━━ INFORMATION SUPPLIED

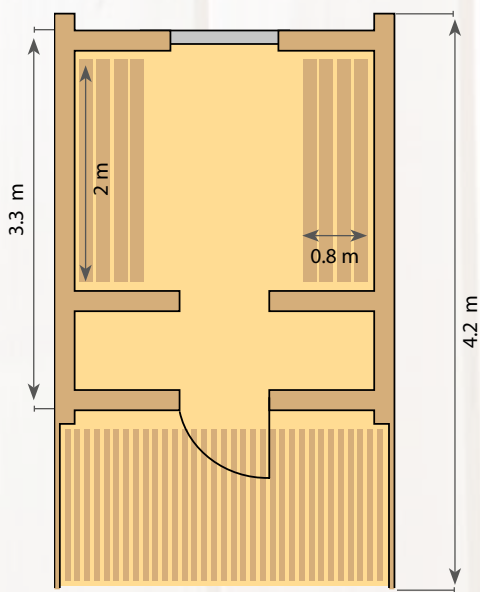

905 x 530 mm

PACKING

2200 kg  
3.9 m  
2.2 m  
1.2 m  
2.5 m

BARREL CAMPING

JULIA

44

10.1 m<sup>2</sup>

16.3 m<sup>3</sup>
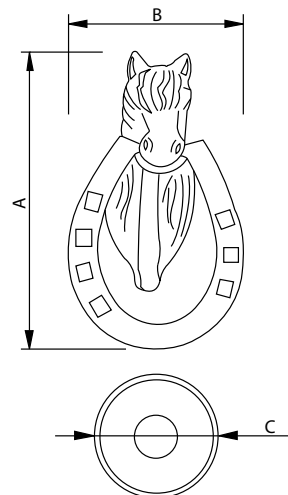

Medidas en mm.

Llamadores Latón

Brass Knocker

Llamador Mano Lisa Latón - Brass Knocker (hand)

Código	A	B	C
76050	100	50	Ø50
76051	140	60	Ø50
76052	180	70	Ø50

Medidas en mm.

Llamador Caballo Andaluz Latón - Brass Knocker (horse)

━━━━
━━ INFORMATION SUPPLIED

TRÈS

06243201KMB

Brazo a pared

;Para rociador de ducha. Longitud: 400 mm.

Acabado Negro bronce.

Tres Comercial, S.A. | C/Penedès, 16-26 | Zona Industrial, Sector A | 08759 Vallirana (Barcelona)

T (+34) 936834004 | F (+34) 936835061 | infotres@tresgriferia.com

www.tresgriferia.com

━━━━

Both the line containing "905 x 530 mm" and the line containing "Llamador Caballo Andaluz" above belong in the output, as do the lines between them. Print them exactly, without pictures.

| RESPONSE TO THE EXERCISE |
905 x 530 mm

PACKING

2200 kg  
3.9 m  
2.2 m  
1.2 m  
2.5 m

BARREL CAMPING

JULIA

44

10.1 m<sup>2</sup>

16.3 m<sup>3</sup>

Medidas en mm.

Llamadores Latón

Brass Knocker

Llamador Mano Lisa Latón - Brass Knocker (hand)

Código	A	B	C
76050	100	50	Ø50
76051	140	60	Ø50
76052	180	70	Ø50

Medidas en mm.

Llamador Caballo Andaluz Latón - Brass Knocker (horse)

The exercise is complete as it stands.